# Sample code and data for generating secure messages
Refer to the sample data and code provided here, when you develop a function to embed in beacon devices to generate secure messages. For the algorithm information on secure message generation, see Generate a secure message.
# Sample data
The series of tables show sample data required to generate secure messages and the resulting values when you compute the data correctly.

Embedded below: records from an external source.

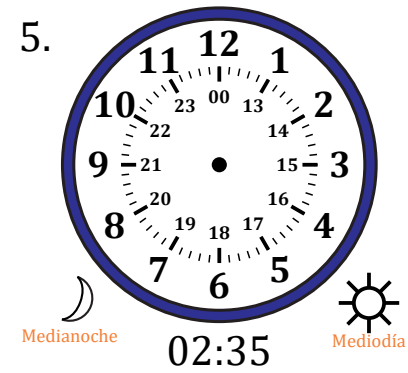

# Dibujar la Hora en Relojes Analógicos (F)

Nombre: \_\_\_\_\_

Fecha: \_\_\_\_\_

Dibuje cada hora en el reloj que tiene encima.

# Dibujar la Hora en Relojes Analógicos (F) Respuestas

Nombre: \_\_\_\_\_

Fecha: \_\_\_\_\_

Dibuje cada hora en el reloj que tiene encima.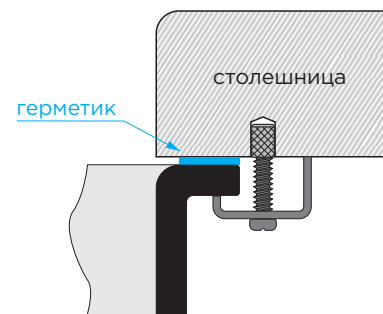

Base 60

YAMAKAWA 55-U/I/S-WH 4993783
YAMAKAWA 55-U/I/S-GR 4993777
YAMAKAWA 55-U/I/S-GB 4993780

Weight (kilogram) 10,5

Бесшовный монтаж

YAMAKAWA 55-U/I/S

ARTCERAMICA

Base 60

YAMAKAWA 55-U/I/S-WH 4993783
YAMAKAWA 55-U/I/S-GR 4993777
YAMAKAWA 55-U/I/S-GB 4993780

Weight (kilogram) 10,5

Монтаж под столешницу

YAMAKAWA 55-U/I/S

ARTCERAMICA

Base 60

YAMAKAWA 55-U/I/S-WH 4993783
YAMAKAWA 55-U/I/S-GR 4993777
YAMAKAWA 55-U/I/S-GB 4993780

Weight (kilogram) 10,5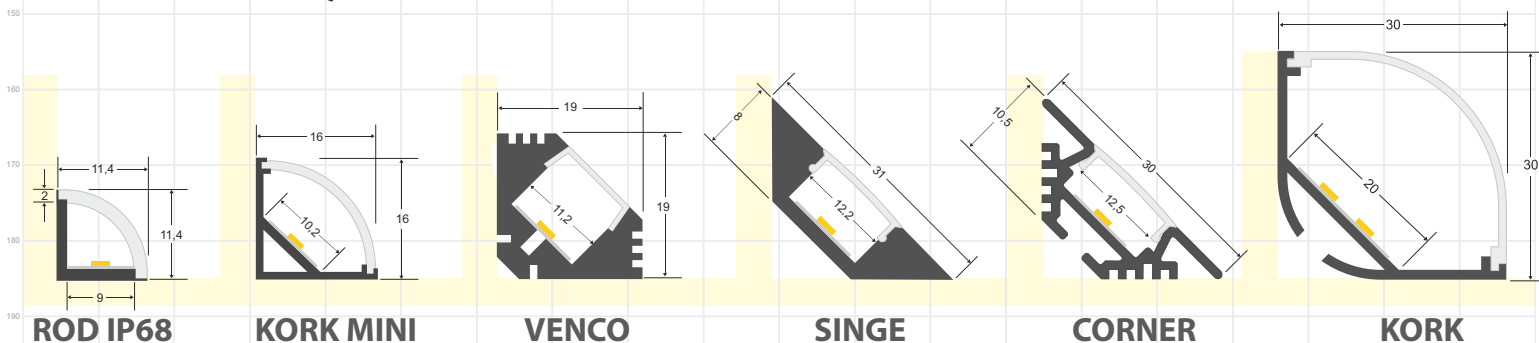

PERFILES PARA ESQUINAS

PERFILES LED fabricados en aluminio de máxima calidad y alta disipación de calor. Ideal para decoración, perfilar con luz, rotulación, interiorismo, etc. Los accesorios disponibles para cada modelo facilitan su instalación en cualquier proyecto. Disponibles en longitudes de 1 ó 2 metros. Se pueden suministrar a medida.

Escala 1:1

Compare with the data provided here to see if your function for secure message generation behaves properly.
Here are the parameters we'll use to compute secure messages:
Field | Value |
---|---|
HWID | 01deadbeef |
Vendor key | 5cf2a423 |
Lot key | 8c194fe41d7fe34f |
Battery level | 0x01 |
Convert the value of each HWID, vendor key, and lot key to a byte array before calculation.
# Timestamp is zero
The timestamp value 0
means that the device is powered on for the first time.
dummy | dummy |
---|---|
Input value | 000000000000000001deadbeef5cf2a4238c194fe41d7fe34f01 |
SHA-256 hash value | 72de7eafe33a44f0094283e03c28ff8bf85230825616fa49b73edaa6be88a0a8 |
Message authentication code | 037cf6f1 |
Secure message | 037cf6f1000001 |
# Timestamp is one
The timestamp value 1
means that 15 seconds have passed since the initial power-on.
dummy | dummy |
---|---|
Input value | 000000000000000101deadbeef5cf2a4238c194fe41d7fe34f01 |
SHA-256 hash value | eba4633c394cf7d913a863f25e930e7b8d9227bd109c2019d9dfbb411366cc4f |
Message authentication code | c86489c6 |
Secure message | c86489c6000101 |
# Timestamp is 65535
If the timestamp value is incremented from 65535
to 65536
, the masked timestamp in the secure message is reset to 0000
. See also the Timestamp is 65536 section and check that the masked timestamp changes from ffff
to 0000
.
dummy | dummy |
---|---|
Input value | 000000000000ffff01deadbeef5cf2a4238c194fe41d7fe34f01 |
SHA-256 hash value | f435f408d2978130607a8af69da2e6f65b66c260796f03ce2a7daf9b468ae0b5 |
Message authentication code | 958497b8 |
Secure message | 958497b8ffff01 |
# Timestamp is 65536
When the timestamp value is incremented to 65536
, the masked timestamp in the secure message is reset to 0000
. See also the Timestamp is 65535 section and check that the masked timestamp changes from ffff
to 0000
.
dummy | dummy |
---|---|
Input value | 000000000001000001deadbeef5cf2a4238c194fe41d7fe34f01 |
SHA-256 hash value | 70b58ab690b63d519caf37359ce3d910e8e1d79a90f095462ee2d56ae0f035e4 |
Message authentication code | 564cfb90 |
Secure message | 564cfb90000001 |
# Timestamp is 9223372036854775807
The value 9223372036854775807
is the maximum value of a signed 64-bit integer.
dummy | dummy |
---|---|
Input value | 7fffffffffffffff01deadbeef5cf2a4238c194fe41d7fe34f01 |
SHA-256 hash value | c626232a199b163c53ba70f4d493c8b34891532d9e8fbf2b788e7e1cf3d13dec |
Message authentication code | 05d522a7 |
Secure message | 05d522a7ffff01 |
# Timestamp is 18446744073709551615
The value 18446744073709551615
is the maximum value of an unsigned 64-bit integer.
dummy | dummy |
---|---|
Input value | ffffffffffffffff01deadbeef5cf2a4238c194fe41d7fe34f01 |
SHA-256 hash value | 53ab6c6874fc333398ae2186eb45ce5d5a77d10cd2d3fe3d933a12b33cb13090 |
Message authentication code | 7393bd92 |
Secure message | 7393bd92ffff01 |
# Sample code
This sample Java code generates a secure message.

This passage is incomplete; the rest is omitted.